Y hasta hoy, me la sudaba con una fuerza considerable.
Pero hoy un crío me lo ha puesto delante.
Un niñato con la edad de mis cojones.
Me mira.
Sonríe.
Y empieza el concierto.
Clic.
Clic.
Clic.
Sus dedos no se mueven. VUELAN.
No están resolviendo un puzzle.
Están hablando un idioma que yo no entiendo.
Un parpadeo.
Y ya está.
Cada cara de un puto color.
El orden perfecto.
Y yo, un puto analfabeto.
No me ha mirado con pena.
Peor.
Me ha mirado con la puta normalidad de quien acaba de atarse un zapato.
Y ahí me ha jodido.
No es un truco.
Es un puto lenguaje.
Un sistema.
Una lógica que se me escapa.
Y ese cabrón la tiene en la punta de los dedos.
Que le jodan.
No es por el cubo. Me la suda el puto juguete.
Es por ese segundo.
Por ese puto instante en que un crío con granos en la cara te demuestra que hay un orden que tú no entiendes.
Y eso no se puede consentir.
Voy a reventar ese puto código.
Voy a aprender a hablar ese idioma de mierda.

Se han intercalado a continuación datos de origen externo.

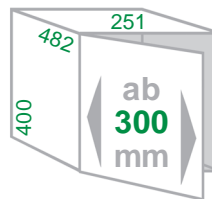

Artikel-Nr.

311 102

Ersatzeimer 15 Liter

310 699

Einbau-Abfallsammler TANDEM-2

Schrankbreite **ab 300mm**
 Gestell *Metall silbergrau*
 Eimer / Deckel *Kunststoff dunkelgrau*
 Montage *Schrankboden*
 Technik **Vollauszug**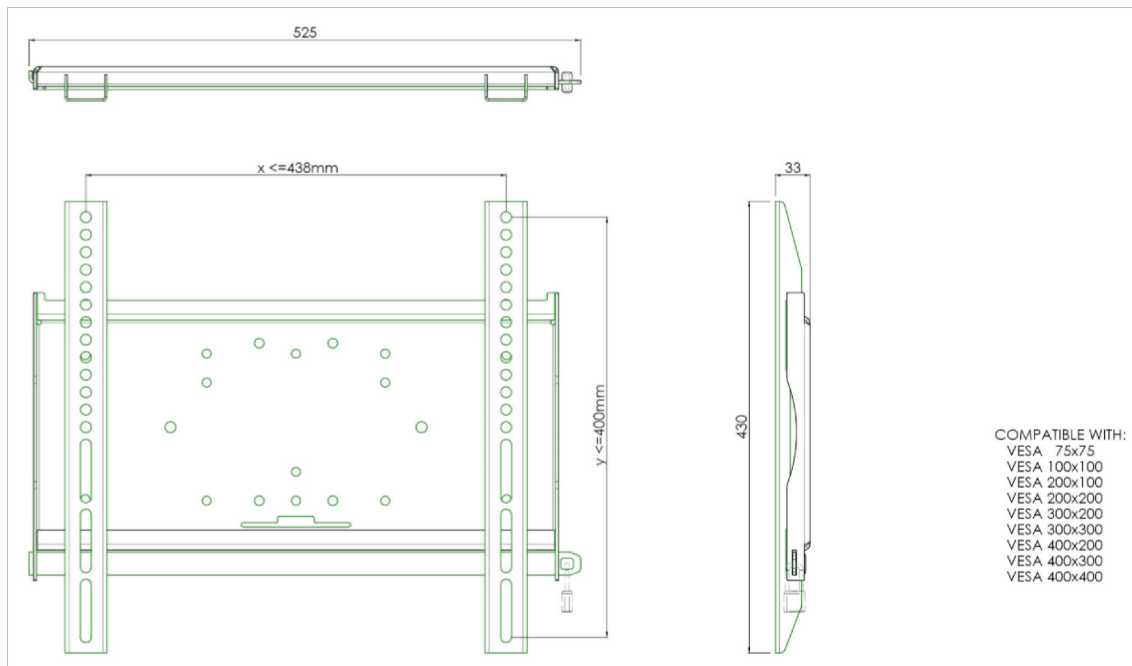

Universal wall mount, max 438x400mm. 125kg

All universal wall mounts are VESA compatible. Besides wall mounting, all our wall mounts can be used for ceiling mounting in combination with a tube set and for floor mounting (using coupling bolts) together with a stand. The mounts include fastening material to secure the mount to the display. Furthermore they include a safety bar or fixation, offering you protection from theft; a padlock is to be added separately.

01 ПАЗМЕР / BEC

EAN код

4948570031467

Все товарные знаки и торговые марки являются собственностью их владельцев и они защищены. Ошибки и изменения допускаются. Спецификации могут быть изменены без уведомления. Все LCD мониторы соответствуют стандарту ISO-9241-307:2008 по политике битых пикселей.

Aunque sea lo último que haga.

Miguel, el cubo de Rubik tiene una habilidad extraordinaria: convertir a un adulto razonablemente funcional en un mono desconcertado delante de seis colores. Y lo peor no es no saber hacerlo. Lo peor es ver a un crío resolverlo con la misma naturalidad con la que tú buscas las llaves en el bolsillo.
Ese “clic, clic, clic” no era un juguete: era una humillación con sonido envolvente. El chaval no necesitó presumir ni explicarte nada. Le bastó con terminarlo, mirarte como quien acaba de cerrar una cremallera y devolverte el cubo con tu dignidad todavía desordenada.
Ahora bien, esto ya no va de aprender algoritmos. Va de orgullo, venganza y supervivencia generacional. Así que adelante: memoriza movimientos, revienta el código…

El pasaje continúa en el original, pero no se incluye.